Setelah pembebasan, Sekutu bersiap memulangkan orang-orang Yahudi yang terlantar ke rumah mereka, namun banyak di antaranya menolak atau takut kembali ke rumah. Sejak tahun 1945 hingga 1952, lebih dari 250.000 orang Yahudi yang terlantar tinggal di kamp-kamp dan pusat-pusat kota di Jerman, Austria, dan Italia. Fasilitas-fasilitas ini dikelola oleh otoritas Sekutu dan the United Nations Relief and Rehabilitation Administration. Para korban selamat mulai mencari keluarganya. Upaya penyatuan kembali ini diikuti dengan pembentukan keluarga baru; ada banyak pernikahan dan bayi yang lahir di kamp-kamp orang terlantar. Sekolah-sekolah menyusul dibangun tak lama kemudian. Hari libur keagamaan menjadi acara besar untuk berkumpul dan mengadakan perayaan. Kendati kondisi yang menyedihkan -- banyak di antara kamp ini yang tadinya adalah kamp konsentrasi dan kamp tentara Jerman -- organisasi sosial dan kerja pun bermunculan.

Sekutu melakukan perundingan dan penundaan hingga bertahun-tahun sebelum berhasil memecahkan krisis emigrasi.

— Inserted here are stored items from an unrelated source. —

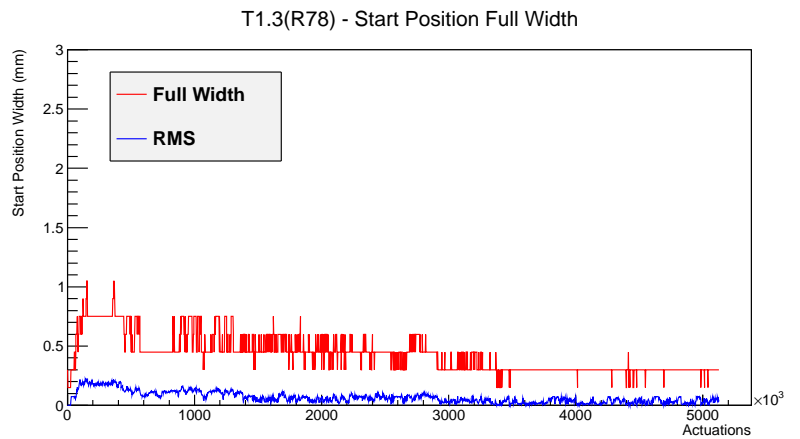

Target Performance Report - T1.3(R78)

Report Generated: July 19, 2012,

Last Actuation: 19/07/12 07:07:46

1 Operation Summary

	Last Shift	Total
Actuations:	48.6K	5127.1 K
Quadrature Count errors:	12959	414323
Fiber ADC errors:	0	2
BPS errors (during actuation):	0	3
(R78) Gaps > 3s & < 10s:	0	266
(R78) Gaps > 10s:	0	154
(R78) SP2 Corrections:	0	50
(R78) Capture Over/Under shoots:	0/0	645/645

2 Mechanical Performance

Starting position for the last 2000 actuations.

Starting position width over time.

Acceleration for the last 2000 actuations.

Acceleration over time. Normalised to a temperature 72C using the temperature data collected by the system.

Dengan jumlah yang terus meningkat antara tahun 1945-1948, orang Yahudi yang selamat dari Holocaust, yang nasionalismenya memuncak karena kurangnya otonomi di kamp dan terbatasnya pilihan, memilih Palestina yang berada di bawah kontrol Inggris sebagai tujuan pilihan. Para orang terlantar ini menjadi kekuatan berpengaruh dalam perjuangan Zionisme dan dalam debat politik seputar pembentukan negara Yahudi. Mereka mengecam Inggris yang tidak mau membuka imigrasi ke Palestina; protes besar-besaran terhadap kebijakan Inggris sering terjadi di kamp-kamp orang terlantar. Pada tanggal 14 Mei 1948, Amerika Serikat dan Uni Soviet mengakui Negara Israel yang baru terbentuk. Kongres Amerika Serikat juga mengeluarkan undang-undang Displaced Persons Act pada tahun 1948, yang melonggarkan pembatasan imigrasinya. Dalam beberapa tahun, krisis emigrasi orang terlantar berakhir di mana lebih dari 80.000 orang terlantar Yahudi tinggal di Amerika Serikat, sekitar 136.000 di Israel, dan 20.000 lainnya di negara-negara lainnya, seperti Kanada dan Afrika Selatan. Hingga tahun 1952, hampir semua kamp orang terlantar sudah ditutup.